*What the exercise asks*. Determine how many lines in the listing below contain the word "ионосферных", then state that number by itself.

*Provided information*.
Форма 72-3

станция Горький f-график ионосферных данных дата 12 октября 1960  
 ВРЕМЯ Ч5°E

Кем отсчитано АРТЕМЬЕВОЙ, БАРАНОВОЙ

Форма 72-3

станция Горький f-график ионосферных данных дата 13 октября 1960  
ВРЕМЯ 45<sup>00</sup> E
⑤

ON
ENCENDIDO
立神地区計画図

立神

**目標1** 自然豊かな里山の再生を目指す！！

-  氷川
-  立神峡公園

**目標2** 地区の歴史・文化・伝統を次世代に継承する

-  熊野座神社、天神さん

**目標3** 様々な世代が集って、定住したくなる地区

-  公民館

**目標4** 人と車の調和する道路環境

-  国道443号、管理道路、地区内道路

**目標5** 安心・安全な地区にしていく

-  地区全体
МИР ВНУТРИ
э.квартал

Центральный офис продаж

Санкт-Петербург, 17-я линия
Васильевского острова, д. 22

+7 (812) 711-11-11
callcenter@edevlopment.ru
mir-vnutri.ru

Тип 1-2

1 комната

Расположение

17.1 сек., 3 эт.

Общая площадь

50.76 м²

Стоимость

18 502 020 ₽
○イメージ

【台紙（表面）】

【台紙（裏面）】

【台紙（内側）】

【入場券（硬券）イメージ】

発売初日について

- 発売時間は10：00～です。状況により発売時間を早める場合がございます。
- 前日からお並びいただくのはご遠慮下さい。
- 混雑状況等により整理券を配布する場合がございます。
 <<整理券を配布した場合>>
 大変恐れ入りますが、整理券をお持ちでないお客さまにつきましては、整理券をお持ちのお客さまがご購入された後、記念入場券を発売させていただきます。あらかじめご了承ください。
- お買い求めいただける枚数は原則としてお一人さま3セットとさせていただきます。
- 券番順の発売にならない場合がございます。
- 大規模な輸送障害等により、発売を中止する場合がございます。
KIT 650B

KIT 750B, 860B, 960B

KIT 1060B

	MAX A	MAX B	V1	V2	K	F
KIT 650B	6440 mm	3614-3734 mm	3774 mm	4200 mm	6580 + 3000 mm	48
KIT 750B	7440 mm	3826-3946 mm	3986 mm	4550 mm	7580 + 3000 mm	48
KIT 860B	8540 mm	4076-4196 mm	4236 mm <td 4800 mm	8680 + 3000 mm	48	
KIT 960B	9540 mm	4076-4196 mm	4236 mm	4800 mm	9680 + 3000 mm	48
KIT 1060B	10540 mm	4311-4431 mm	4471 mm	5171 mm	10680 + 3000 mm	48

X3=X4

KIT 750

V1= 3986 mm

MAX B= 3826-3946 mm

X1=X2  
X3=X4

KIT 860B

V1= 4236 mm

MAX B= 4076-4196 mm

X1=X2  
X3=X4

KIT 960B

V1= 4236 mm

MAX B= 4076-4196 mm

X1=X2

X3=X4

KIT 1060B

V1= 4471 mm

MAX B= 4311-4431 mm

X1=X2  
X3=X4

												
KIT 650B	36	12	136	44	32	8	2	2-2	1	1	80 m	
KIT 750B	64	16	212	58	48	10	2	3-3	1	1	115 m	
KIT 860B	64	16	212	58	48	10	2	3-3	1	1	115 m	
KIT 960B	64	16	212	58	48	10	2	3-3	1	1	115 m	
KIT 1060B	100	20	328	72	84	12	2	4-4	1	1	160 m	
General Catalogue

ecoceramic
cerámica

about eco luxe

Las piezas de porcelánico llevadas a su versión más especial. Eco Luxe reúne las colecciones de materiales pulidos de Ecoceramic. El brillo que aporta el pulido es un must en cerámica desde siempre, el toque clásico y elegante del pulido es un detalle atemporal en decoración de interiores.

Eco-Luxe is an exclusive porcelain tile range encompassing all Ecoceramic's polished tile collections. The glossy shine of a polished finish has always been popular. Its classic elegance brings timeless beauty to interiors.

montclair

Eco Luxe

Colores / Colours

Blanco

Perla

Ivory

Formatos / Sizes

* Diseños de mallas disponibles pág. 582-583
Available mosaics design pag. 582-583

*Answer for the task*. 2